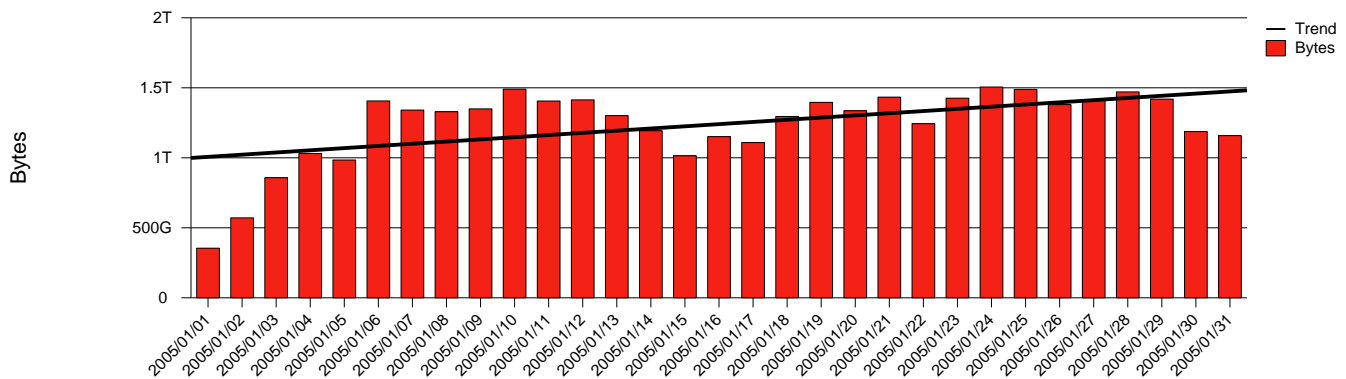

# Karlstad, KAU - Monthly Health Report

LAN/WAN

Report for 2005/01/31

Total Network Volume by Month

Total Network Volume by Week

Total Network Volume by Day

Situations to Watch

Rank	Element Name	Variable	Threshold Value	Monthly Average		Days to (from) Threshold
				Actual	Predicted	
1	kau2-SRP(In)	Volume (Bandwidth %)	80.000	1.721	1.020	Increasing
2	kau2-SRP(In)	Errors (% Frames)	5.000	0.000	0.001	Increasing
3	kau1-SRP(In)	Errors (% Frames)	5.000	0.000	0.000	Increasing
4	kau1-SRP(In)	Volume (Bandwidth %)	80.000	0.000	0.413	Decreasing
5	kau1-SRP(Out)	Volume (Bandwidth %)	80.000	1.368	1.201	Decreasing
6	kau2-SRP(Out)	Volume (Bandwidth %)	80.000	1.531	1.328	Decreasing
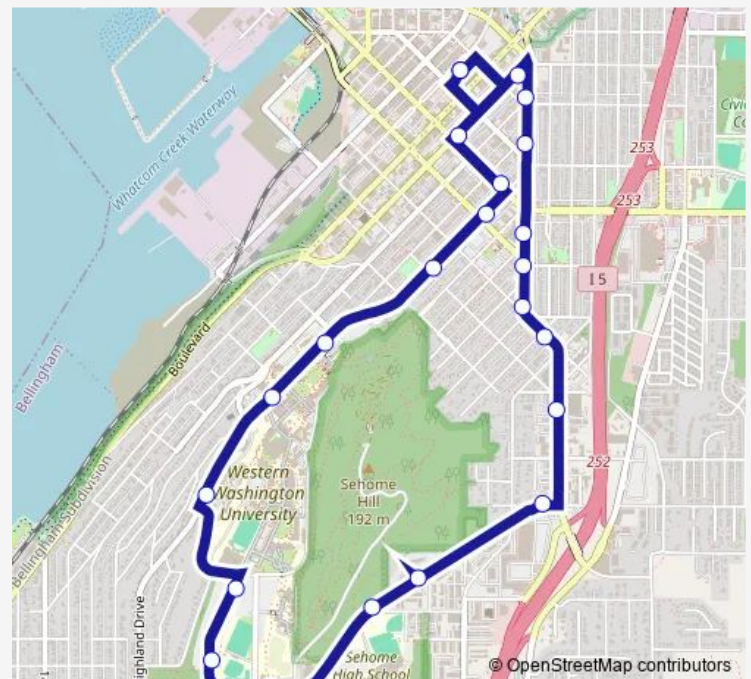

### Route schedule

Bellingham Station — Bellingham Station

Monday 06:55-16:55

Tuesday 06:55-16:55

Wednesday 06:55-16:55

Thursday 06:55-16:55

Friday 06:55-16:55

Saturday 08:40-17:40

### Route info

Direction: Bellingham Station

Stops: 23

Trip Duration: 0 hour 25 min

108 — Samish/Wwu

Forest St at Holly St

Bellingham Station

108 Bus time schedules and route maps are available in an offline PDF at [busmaps.com](https://busmaps.com). Use the [busmaps.com](https://busmaps.com) website to see live bus times, train schedule or subway schedule, and step-by-step directions for all public transit in Bellingham
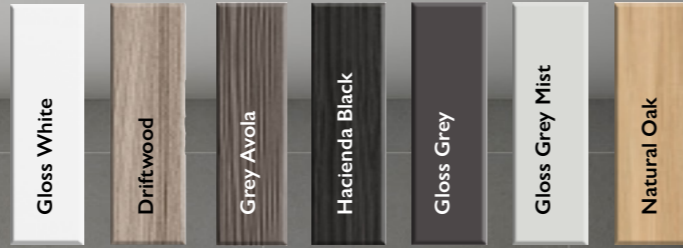

Cashmere Gloss | FACL
Grey Gloss | FALH

400mm Tall Unit
W400 x D253 x H1433mm
1 Door

Cashmere Gloss | FACDD
Grey Gloss | FALBB

SMART Integrated Units

Hudson Reed

Designed to fill small or large bathroom spaces. We have carefully balanced choice and flexibility with aesthetics and storage to help you create an exceptional suite.

- Wide palette of colours reflects the very latest in tonal trends as well as traditional favourites. We can help you create a perfectly harmonious look.
- Choose from a selection of Ceramic and Polymarble basin designs.
- Complete the look from our selection of worktops.
- Choose as many or as few units as you like to suit your storage needs.
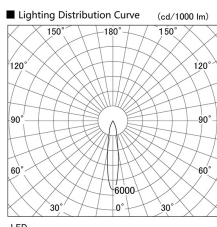

Item no. DD103-1420MW9027

Series Name: Versa R-G, Antiglare

Installation	Recessed mount
Type	Versa R-G, Antiglare
Fixture wattage	13.4W
Beam angle	18 deg.
Color Temp.	2700K
CRI	Ra>85
Luminous	767 lm
Body	Die-cast aluminum alloy
Body finish	N/A
Trim finish	White
Reflector finish	Mirror
IP Rate	IP20
Light source	COB module
Input Voltage	AC220~240V
Dimming Type	Non-Dimmable
Certificate	CE, CCC
Cut Hole	100mm
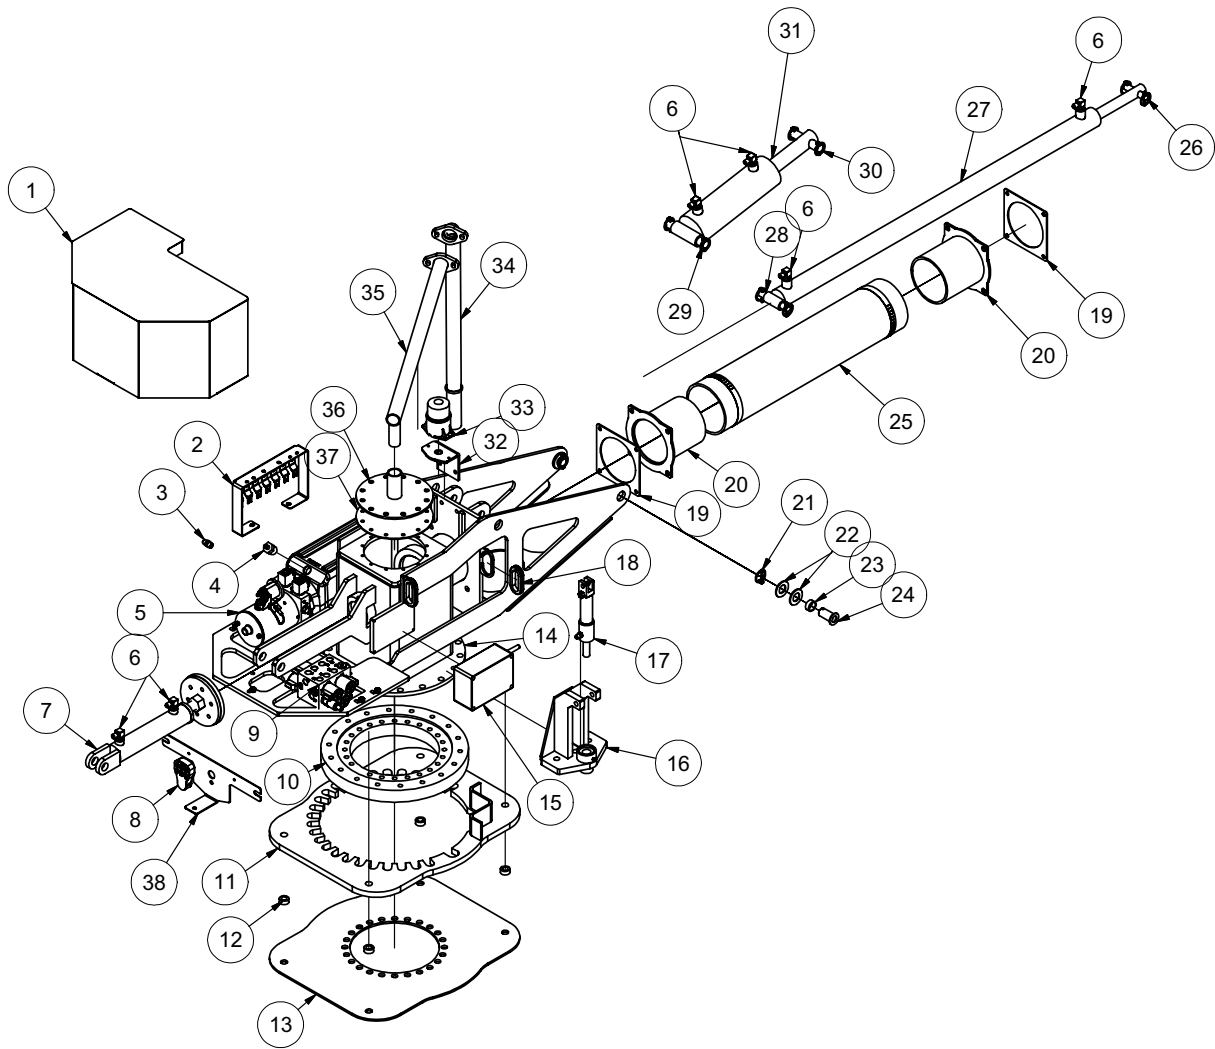

TURRET

BOOM MANUAL ROTATION

ITEM	QTY	PART #	DESCRIPTION
1	1	8043090	BOOM GUARD
2	1	T403018	REDUCER 12MP-4MJ
3	2	T400037	UNION 6MB-6MJ
4	1	8041601	PUMP HYD. 12V 6QT
5	1	8043578	MANIFOLD ASSY BOOM
6	1	8041914	BOOM - RC RECEIVER 6-RELAY
*		8042427	BOOM - RC RECEIVER 8-RELAY
7	1	8043245	BOOM CABLE TUBE WELDMENT
8	1	8045080	BOOM CABLE TUBE VERTICAL WELDMENT
9	1	8043139	STROBE LIGHT
10	1	8041932	BOOM - TURRET STROBE LIGHT PLATE
11	2	8041988	BOOM - FLANGE GASKET
12	2	8041958	BOOM - FLEX HOSE ADAPTER WELDMENT
13	1	8043678	HOSE AG SUCTION 6-30
	2	8042104	HOSE CLAMP 6IN T-BOLT
14	1	8030359	CYLINDER, HYD. 3" X 20" VAC'S
	1	8043782	HYD. HOSE EXTEND 6-77 ST-90
	1	8043783	HYD. HOSE RETRACT 6-114 ST-90
15	1	8042122	BOOM - EXT. CYLINDER BASE PIN
	2	U340050	PIN LINCH 3/16 X 1 9/16"
16	4	T401270	ELBOW, 90 1/2"MB - 3/8"MJ
17	1	8042887	AJUSTABLE CLEVIS - BOOM
18	1	8041977	BOOM - PIVOT CYLINDER BASE PIN
	2	U340050	PIN LINCH 3/16 X 1 9/16"
19	1	8041990	BOOM - PIVOT CYLINDER ROD PIN
	2	U340050	PIN LINCH 3/16 X 1 9/16"
20	1	8042350	BOOM - EXT. CYLINDER RD PIN
	2	U340050	PIN LINCH 3/16 X 1 9/16"
21	2	8042124	BOOM - TURRET PIVOT PIN
22	2	8042101	BUSHING BRONZE 1.25" X 1.00" X .50"LG
23	4	U200170	WASHER, FLAT 1"
24	2	U340050	PIN LINCH 3/16 X 1 9/16"
25	1	8043052	BRAKE CYLINDER
	1	T400801	PLUG, BREATHER 1/4"NPT
	1	T402020	UNION 4MJ-4MP
26	1	8045157	BOOM MANUAL BRAKE WELDMENT
	1	T500080	FITTING, GREASE 3/16"
27	1	8042240	BOOM - TURRET WELDMENT
	2	8041686	GROMMET 1"ID - 1 1/4"DOG - 1/4"WO
	6	U001281	SCREW, HC .625 - 11 X 3.50"
	6	U120020	NYLON LOCK NUT .625-11
	12	U200140	WASHER FLAT .625
28	1	8042234	SWIVEL BEARING
*	3	T500020	FITTING, GREASE .125 STRAIGHT (2 FITTINGS IN INNER RING, 1 IN OUTER RING)
29	1	8045195	BOOM MOUNT BRAKE RING
30	1	8043021	BOOM - LOWER STOP DISC
31	4	8030315	SKID - WATER TANK CLEVIS TUBE
32	1	8042426	RC TRANSMITTER (w/ GRAPHIC OVERLAYS)
*	1	X200006	BOOM WIRING HARNESS
*	1	8041911-1	RUBBER 6-BUTTON PAD
*	1	8043075	DECAL OVERLAY
*		8042428	RC TRANSMITTER 8 BUTTON (w/ GRAPHIC OVERLAYS)
33	1	8043639	BRACKET BOOM ELECTRONIC
	7	X000320	DEUTSCH DIODE RECEPTACLE
	1	8040185	RELAY
	2	8043690	TIME RELAY 2 SEC N/C
34	1	8044553	WORK LIGHT W/ DUETSCH CONNECTOR BUILT BRACKET

BOOM MANIFOLD CAVITY IDENTIFICATION

PORT	PART#	DESCRIPTION	USED ON
1.1	8043584	3-WAY VALVE	ALL
1.2	8043584	3-WAY VALVE	ALL
1.3	8043584	3-WAY VALVE	ALL
1.4	8043584	3-WAY VALVE	ALL
3.2	8043586	CHECK VALVE	MANUAL ROTATION
4.2	8042302	PRESSURE SWITCH 1000 PSI, N/C	MANUAL ROTATION
5	8043587	RELIEF VALVE ADJ	ALL
7	8043585	2-WAY VALVE N/O	MANUAL ROTATION

* NOT SHOWN

TURRET

BOOM MANUAL ROTATION REV. FLOW

• • • • • • •

> _WORK INSTRUCTION_: Scan the material line by line and report each one that contains "PART".

> _TASK OUTPUT_:
ITEM	QTY	PART #	DESCRIPTION
PORT	PART#	DESCRIPTION	USED ON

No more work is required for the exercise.